Considering these applications, large numbers of macrophages of consistent quality are required. However, access to primary human macrophages is limited by donor variability, low cell numbers, and minimal self-renewal capacity (13). In this context, human induced pluripotent stem cells (hiPSCs), generated by reprogramming somatic cells with the Yamanaka factors (Oct3/4, Sox2, Klf4, and c-Myc) (14), represent an attractive cell source for macrophage-based therapies owing to their unlimited proliferation and differentiation potential (7). Furthermore, the use of HLA-homozygous hiPSCs enables the production of highly immunocompatible allogenic cell therapies that can avoid host rejection and extend cell therapy products persistence (15). Moreover, HLA compatibility would enable the antigen presenting function of macrophages leading to a stronger immune response.

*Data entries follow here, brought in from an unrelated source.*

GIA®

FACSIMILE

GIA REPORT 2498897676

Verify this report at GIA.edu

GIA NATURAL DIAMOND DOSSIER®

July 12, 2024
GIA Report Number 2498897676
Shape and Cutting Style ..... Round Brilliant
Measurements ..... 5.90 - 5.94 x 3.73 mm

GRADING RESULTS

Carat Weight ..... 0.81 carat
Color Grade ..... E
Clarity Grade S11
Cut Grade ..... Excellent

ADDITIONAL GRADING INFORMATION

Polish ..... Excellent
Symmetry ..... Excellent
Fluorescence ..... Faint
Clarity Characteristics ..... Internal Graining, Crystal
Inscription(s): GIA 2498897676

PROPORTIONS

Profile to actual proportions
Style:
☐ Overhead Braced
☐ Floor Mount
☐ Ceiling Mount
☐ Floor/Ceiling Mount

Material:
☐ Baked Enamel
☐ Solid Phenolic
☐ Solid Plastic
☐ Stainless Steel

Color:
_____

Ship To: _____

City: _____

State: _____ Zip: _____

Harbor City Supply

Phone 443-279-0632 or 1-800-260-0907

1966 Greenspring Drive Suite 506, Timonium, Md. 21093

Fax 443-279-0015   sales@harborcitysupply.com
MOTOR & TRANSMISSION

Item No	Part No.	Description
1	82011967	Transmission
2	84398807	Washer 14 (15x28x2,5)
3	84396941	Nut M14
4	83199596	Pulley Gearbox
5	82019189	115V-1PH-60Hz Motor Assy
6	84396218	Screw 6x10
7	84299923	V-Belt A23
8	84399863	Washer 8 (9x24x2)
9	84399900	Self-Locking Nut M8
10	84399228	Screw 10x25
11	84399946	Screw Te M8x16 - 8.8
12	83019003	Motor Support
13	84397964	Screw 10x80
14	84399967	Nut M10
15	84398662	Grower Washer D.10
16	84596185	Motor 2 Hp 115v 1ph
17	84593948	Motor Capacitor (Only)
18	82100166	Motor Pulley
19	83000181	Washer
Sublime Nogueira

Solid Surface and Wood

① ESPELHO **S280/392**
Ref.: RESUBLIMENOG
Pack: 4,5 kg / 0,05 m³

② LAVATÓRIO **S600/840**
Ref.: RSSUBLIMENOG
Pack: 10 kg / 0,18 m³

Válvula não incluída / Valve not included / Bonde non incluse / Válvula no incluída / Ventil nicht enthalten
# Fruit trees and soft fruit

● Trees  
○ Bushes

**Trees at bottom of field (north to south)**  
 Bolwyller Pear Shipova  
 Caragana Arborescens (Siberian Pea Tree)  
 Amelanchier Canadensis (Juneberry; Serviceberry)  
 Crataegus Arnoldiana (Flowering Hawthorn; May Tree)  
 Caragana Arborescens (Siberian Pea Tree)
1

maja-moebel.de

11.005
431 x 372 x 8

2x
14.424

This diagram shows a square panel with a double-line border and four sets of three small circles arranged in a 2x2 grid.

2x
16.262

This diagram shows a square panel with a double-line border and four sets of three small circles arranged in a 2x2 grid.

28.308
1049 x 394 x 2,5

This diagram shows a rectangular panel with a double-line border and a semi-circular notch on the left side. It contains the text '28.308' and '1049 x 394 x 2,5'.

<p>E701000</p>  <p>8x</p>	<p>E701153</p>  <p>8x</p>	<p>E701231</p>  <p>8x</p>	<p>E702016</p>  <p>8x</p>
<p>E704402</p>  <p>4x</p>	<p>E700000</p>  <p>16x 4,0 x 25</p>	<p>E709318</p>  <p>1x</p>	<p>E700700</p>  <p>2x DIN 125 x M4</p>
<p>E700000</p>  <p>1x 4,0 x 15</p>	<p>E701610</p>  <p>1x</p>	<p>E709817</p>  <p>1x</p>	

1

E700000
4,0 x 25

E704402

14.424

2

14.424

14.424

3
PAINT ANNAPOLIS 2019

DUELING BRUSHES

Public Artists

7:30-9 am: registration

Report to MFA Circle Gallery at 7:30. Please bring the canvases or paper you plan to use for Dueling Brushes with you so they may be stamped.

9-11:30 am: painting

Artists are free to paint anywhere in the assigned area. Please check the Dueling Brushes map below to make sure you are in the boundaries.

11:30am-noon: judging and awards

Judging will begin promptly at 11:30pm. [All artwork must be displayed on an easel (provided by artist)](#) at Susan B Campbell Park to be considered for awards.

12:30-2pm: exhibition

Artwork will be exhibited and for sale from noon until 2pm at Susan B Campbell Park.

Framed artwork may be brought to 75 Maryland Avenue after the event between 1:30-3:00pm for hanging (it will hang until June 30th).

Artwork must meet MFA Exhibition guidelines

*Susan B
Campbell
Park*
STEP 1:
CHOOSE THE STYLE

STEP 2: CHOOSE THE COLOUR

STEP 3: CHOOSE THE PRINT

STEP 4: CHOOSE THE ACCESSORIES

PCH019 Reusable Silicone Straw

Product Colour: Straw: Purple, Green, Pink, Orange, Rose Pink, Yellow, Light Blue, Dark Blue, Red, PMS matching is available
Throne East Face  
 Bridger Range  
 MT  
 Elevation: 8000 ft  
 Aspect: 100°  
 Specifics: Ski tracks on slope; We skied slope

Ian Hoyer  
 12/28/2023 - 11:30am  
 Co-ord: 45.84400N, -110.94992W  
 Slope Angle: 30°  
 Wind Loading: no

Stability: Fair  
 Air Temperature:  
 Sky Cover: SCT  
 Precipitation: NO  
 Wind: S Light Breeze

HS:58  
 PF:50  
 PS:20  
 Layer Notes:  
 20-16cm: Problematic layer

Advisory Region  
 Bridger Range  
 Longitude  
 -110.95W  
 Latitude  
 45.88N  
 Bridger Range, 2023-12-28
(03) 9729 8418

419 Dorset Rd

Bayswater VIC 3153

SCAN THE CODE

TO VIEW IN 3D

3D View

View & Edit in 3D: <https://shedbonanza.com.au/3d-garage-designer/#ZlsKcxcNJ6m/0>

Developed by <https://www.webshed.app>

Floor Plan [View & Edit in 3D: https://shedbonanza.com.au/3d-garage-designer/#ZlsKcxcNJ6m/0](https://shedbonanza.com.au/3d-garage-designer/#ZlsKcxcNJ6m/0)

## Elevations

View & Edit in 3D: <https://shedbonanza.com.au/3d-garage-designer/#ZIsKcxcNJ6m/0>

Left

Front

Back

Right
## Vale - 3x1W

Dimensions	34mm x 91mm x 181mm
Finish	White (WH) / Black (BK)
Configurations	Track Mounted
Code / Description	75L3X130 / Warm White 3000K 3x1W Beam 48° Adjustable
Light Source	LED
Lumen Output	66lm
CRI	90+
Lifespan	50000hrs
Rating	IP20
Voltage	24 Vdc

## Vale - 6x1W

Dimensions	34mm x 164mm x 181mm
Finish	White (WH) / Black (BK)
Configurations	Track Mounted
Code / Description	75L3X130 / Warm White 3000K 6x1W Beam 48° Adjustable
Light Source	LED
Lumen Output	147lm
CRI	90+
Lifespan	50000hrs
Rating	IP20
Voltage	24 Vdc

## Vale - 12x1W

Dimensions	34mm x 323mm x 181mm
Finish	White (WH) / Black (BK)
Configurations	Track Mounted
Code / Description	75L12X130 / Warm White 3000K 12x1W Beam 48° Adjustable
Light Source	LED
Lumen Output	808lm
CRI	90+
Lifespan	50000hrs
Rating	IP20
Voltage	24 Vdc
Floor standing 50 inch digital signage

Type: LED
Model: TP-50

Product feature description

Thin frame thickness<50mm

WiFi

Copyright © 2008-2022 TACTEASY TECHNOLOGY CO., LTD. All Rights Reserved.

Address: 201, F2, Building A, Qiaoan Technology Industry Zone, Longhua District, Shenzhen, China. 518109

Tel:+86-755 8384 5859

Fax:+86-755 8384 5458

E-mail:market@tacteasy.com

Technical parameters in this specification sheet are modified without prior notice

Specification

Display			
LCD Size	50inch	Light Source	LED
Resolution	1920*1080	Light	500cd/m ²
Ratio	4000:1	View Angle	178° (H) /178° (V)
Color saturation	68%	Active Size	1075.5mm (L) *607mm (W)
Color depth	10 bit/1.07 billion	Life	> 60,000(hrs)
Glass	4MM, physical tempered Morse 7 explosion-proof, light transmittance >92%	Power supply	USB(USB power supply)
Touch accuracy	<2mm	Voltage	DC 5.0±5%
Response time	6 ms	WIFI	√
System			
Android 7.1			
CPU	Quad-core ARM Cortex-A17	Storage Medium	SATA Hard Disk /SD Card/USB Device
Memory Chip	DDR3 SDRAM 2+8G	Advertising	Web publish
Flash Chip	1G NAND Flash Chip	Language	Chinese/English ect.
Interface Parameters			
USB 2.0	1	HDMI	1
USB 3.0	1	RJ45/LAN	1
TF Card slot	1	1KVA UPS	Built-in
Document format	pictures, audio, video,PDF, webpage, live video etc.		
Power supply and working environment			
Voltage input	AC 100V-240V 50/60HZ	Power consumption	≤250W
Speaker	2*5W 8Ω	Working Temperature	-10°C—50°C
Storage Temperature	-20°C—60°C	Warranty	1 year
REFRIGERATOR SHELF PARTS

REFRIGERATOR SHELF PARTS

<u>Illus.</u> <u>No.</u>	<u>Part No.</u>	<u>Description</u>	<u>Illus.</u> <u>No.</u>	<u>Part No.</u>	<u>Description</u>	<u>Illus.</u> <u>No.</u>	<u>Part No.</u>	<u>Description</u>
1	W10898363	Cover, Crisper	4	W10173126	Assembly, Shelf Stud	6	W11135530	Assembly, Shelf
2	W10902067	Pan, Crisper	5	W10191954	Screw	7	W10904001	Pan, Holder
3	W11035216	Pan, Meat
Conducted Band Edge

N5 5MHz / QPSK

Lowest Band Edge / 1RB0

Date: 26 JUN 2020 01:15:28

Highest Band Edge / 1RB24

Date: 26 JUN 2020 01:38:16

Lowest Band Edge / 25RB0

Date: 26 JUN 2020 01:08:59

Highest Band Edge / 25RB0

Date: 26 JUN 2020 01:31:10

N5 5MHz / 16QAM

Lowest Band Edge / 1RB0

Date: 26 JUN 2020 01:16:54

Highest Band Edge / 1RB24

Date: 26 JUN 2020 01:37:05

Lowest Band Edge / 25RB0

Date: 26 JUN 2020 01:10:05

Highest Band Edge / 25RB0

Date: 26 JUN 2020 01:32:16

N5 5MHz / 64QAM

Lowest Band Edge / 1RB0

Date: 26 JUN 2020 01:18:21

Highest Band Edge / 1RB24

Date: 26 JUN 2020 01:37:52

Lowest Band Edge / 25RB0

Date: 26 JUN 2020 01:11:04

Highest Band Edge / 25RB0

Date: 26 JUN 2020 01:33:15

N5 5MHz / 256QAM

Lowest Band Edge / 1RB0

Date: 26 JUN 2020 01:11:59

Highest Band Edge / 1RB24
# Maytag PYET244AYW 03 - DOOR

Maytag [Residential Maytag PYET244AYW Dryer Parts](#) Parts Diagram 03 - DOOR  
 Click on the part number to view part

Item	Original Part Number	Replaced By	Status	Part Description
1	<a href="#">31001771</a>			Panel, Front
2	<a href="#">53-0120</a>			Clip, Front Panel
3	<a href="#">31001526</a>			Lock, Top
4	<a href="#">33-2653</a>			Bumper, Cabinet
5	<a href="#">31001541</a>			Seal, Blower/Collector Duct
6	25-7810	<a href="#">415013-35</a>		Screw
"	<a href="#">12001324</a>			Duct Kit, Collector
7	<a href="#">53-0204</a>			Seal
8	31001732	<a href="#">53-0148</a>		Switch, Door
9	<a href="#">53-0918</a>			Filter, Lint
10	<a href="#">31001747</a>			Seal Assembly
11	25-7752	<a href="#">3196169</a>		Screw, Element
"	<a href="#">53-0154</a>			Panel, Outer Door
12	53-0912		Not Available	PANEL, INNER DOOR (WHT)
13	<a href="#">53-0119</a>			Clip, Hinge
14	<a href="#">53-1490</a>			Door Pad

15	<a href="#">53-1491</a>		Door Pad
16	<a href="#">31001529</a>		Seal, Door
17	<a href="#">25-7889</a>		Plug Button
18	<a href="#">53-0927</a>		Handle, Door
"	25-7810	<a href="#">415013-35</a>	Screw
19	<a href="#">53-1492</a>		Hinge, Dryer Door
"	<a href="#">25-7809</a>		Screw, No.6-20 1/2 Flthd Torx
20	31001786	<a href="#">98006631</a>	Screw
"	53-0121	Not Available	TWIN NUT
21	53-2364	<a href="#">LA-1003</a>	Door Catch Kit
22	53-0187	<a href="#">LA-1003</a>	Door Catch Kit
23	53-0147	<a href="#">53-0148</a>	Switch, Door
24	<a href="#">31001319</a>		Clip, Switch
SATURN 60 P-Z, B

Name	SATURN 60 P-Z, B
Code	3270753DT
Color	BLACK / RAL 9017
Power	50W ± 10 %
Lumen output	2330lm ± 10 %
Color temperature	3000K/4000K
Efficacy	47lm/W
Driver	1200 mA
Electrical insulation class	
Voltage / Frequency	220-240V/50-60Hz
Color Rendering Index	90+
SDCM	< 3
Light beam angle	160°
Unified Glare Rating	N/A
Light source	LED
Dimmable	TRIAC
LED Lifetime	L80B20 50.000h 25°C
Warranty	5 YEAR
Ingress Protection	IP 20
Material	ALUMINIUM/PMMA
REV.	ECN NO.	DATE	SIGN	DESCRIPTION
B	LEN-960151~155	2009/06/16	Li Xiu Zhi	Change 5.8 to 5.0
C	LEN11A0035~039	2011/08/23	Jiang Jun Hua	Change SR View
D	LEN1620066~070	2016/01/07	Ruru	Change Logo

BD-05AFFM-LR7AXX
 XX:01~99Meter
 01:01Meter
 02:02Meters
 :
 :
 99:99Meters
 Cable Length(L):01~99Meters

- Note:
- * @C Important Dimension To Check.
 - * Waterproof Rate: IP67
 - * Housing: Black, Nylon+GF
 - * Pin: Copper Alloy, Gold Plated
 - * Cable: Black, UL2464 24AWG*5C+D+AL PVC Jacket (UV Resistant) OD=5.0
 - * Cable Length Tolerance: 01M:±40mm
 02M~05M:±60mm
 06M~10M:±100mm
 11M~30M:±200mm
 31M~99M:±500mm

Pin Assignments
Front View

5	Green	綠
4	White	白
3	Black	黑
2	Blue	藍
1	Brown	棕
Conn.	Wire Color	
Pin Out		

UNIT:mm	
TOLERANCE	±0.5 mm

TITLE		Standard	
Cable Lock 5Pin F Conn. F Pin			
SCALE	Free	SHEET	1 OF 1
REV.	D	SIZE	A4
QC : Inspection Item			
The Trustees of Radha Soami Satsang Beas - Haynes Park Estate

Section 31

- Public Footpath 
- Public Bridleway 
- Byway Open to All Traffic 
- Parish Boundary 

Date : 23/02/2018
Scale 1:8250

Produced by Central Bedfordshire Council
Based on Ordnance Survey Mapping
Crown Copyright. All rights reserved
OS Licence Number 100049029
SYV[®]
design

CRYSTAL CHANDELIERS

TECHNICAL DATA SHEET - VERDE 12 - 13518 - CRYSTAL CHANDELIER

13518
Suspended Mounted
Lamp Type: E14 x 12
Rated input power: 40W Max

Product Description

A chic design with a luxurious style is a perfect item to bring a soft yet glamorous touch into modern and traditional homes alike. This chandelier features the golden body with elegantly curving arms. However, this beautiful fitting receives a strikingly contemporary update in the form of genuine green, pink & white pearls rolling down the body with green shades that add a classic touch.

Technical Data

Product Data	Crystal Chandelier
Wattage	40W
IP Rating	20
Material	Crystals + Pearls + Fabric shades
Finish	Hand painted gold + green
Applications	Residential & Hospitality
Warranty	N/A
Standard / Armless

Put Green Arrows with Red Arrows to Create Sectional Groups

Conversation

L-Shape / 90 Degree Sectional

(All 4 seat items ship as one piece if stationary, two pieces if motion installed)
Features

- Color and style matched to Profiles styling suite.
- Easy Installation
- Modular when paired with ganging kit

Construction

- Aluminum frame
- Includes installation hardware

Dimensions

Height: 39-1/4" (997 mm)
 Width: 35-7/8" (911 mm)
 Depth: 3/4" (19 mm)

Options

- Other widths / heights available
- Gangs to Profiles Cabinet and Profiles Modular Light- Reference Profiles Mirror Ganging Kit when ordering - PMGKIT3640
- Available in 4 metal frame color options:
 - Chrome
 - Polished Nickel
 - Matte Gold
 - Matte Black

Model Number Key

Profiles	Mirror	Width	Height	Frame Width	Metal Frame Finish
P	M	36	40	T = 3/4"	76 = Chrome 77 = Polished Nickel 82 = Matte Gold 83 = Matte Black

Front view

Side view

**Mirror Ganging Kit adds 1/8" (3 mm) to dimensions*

iPSCs have been reported to be a good source of functional macrophages (6–8, 16–18). Although the first protocols to differentiate hiPSCs into macrophages were based on monolayer (2D) culture systems (19), the need for large-scale production has favored the implementation of embryoid body (EB)-based (3D) strategies that can be adapted to production in bioreactors (16, 17, 20). Compared to 2D cell cultures, 3D protocols require fewer exogenous growth factors and enable more physiological differentiation by recapitulating early embryogenesis, providing a niche for mesoderm induction, hematopoietic specification, and myeloid lineage commitment within the EB structure (21). Combined with bioreactors, these approaches offer the potential for higher yields, highlighting the need for alternative protocols that combine the physiological advantages of 3D differentiation with scalability and reproducibility (22). However, several drawbacks remain, including fluid shear stress in stirred-tank bioreactors, limited oxygen and nutrient diffusion within dense 3D cultures, the need for further process optimization to achieve relevant yields, and the requirement for highly specialized training and equipment (17). To address these limitations, we describe a robust, scalable, and xeno-free protocol workflow for the efficient differentiation of hiPSCs into functional macrophages, combining 3D cell culture with the Gas-permeable Rapid Expansion (G-Rex) system (23). We outline the key optimization steps, assess the phenotypic and functional integrity of the resulting cells, and demonstrate the suitability of this protocol for both research and clinical contexts.
2 Materials and methods
2.1 Human induced pluripotent stem cell cultivation
Experiments were performed with three different clinical-grade HLA-homozygous hiPSC lines from the iPS-PANIA iPSC cell line collection (ID ethics committee: PR(AG)428/2018): Hz 1-8-3 CBiPS4-Sv4F-F6 (HLA-A 01:01, HLA-B 08:01, HLA-DRB1 03:01), Hz 33-14-1 CBiPS6-Sv4F-H6 (HLA-A 33:01, HLA-B 14:02, HLA-DRB1 15:01), and Hz 24-7-15 CBiPS7-Sv4F-I12 (HLA-A 24:02, HLA-B 07:02, HLA-DRB1 15:01) (24). hiPSCs were expanded in feeder-free monolayer culture on Vitronectin (Gibco Cat#A31804) coated 6-well plates using TeSR™-AOF (Stemcell Technologies Cat#100-0401) in an incubator at 37°C with 5% CO2. Passages of colonies were performed using CTS™ Versene™ (Gibco Cat#A4239101) every 3–4 days, according to the manufacturer’s instructions.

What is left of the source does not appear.